[Source records]
_ _ _ _ _
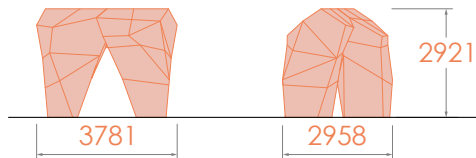

HERCULES

👤 =12
📍 =11
📏 =32m²
📏 =27m
📏 =55m²

Contact your local distributor for installation instructions or detailed specifications.

*Fallzone in shaded region
Softfall to AS 4685:1

BO-H-01

BO-H-02

BO-H-03
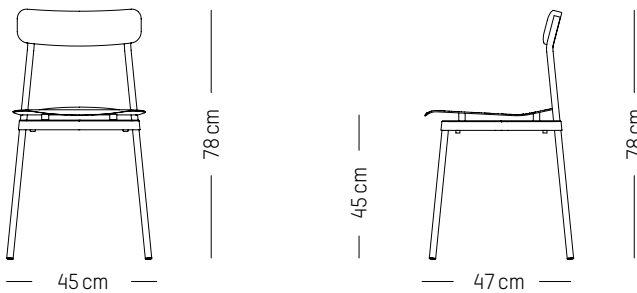

Chair

-

L: 45 cm | 18.5 inch

D: 47 cm | 18.5 inch

H: 78 cm | 30.7 inch

H (seat): 45 cm | 18.5 inch

Weight: 3,3 kg | 7.3 lb

PACKAGING (X2) :

L: 49 cm | 19.3 inch

W: 49 cm | 19.3 inch

H: 79 cm | 31.1 inch

Weight: 9,6 kg | 21.2 lb
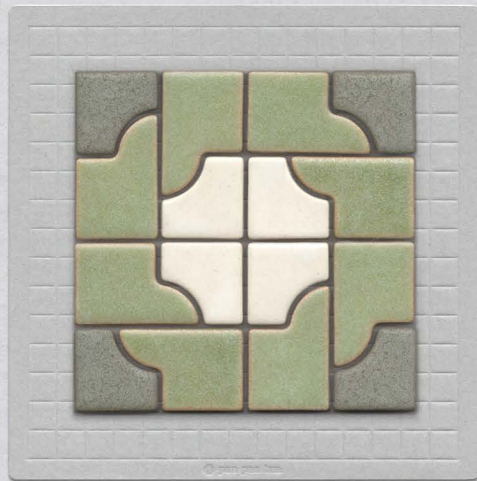

Collections

CS-003M-A Washitsu

Sample Card
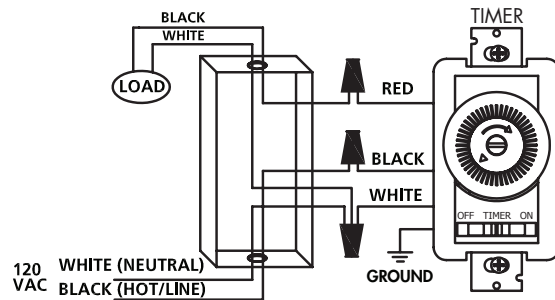

WIRING:

Requires a neutral.

CLOCK FORMAT:

AM/PM marked on dial.

WALL PLATE:

Supplied with single gang decorator wall plate.

SPECIFICATIONS

INPUT VOLTAGE:

120VAC, 60 Hz.

WIRE SIZE:

#14AWG.

OPERATING TEMPERATURE:

+32° F to +104° F (0° C to +40° C).

Project Info:	Type:
Job Ref:	Catalog Number:
Approvals:	Date:

WIRING DIAGRAM

ORDERING INFO

FLEXIBLE:

Removable dial allows installation in multi-gang boxes with decorator style wall plates.

BYPASS SWITCH:

Slide switch for ON, OFF, or TIMER (automatic) operation.

VACATION MODE:

Set timer OFF with no change of tripper settings.
_ _ _ _ _
#### Exercise requirements
Quote the data above in full and without alteration; skip the pictures.

#### Result of the task
HERCULES

👤 =12
📍 =11
📏 =32m²
📏 =27m
📏 =55m²

Contact your local distributor for installation instructions or detailed specifications.

*Fallzone in shaded region
Softfall to AS 4685:1

BO-H-01

BO-H-02

BO-H-03

Chair

-

L: 45 cm | 18.5 inch

D: 47 cm | 18.5 inch

H: 78 cm | 30.7 inch

H (seat): 45 cm | 18.5 inch

Weight: 3,3 kg | 7.3 lb

PACKAGING (X2) :

L: 49 cm | 19.3 inch

W: 49 cm | 19.3 inch

H: 79 cm | 31.1 inch

Weight: 9,6 kg | 21.2 lb

Collections

CS-003M-A Washitsu

Sample Card

WIRING:

Requires a neutral.

CLOCK FORMAT:

AM/PM marked on dial.

WALL PLATE:

Supplied with single gang decorator wall plate.

SPECIFICATIONS

INPUT VOLTAGE:

120VAC, 60 Hz.

WIRE SIZE:

#14AWG.

OPERATING TEMPERATURE:

+32° F to +104° F (0° C to +40° C).

Project Info:	Type:
Job Ref:	Catalog Number:
Approvals:	Date:

WIRING DIAGRAM

ORDERING INFO

FLEXIBLE:

Removable dial allows installation in multi-gang boxes with decorator style wall plates.

BYPASS SWITCH:

Slide switch for ON, OFF, or TIMER (automatic) operation.

VACATION MODE:

Set timer OFF with no change of tripper settings.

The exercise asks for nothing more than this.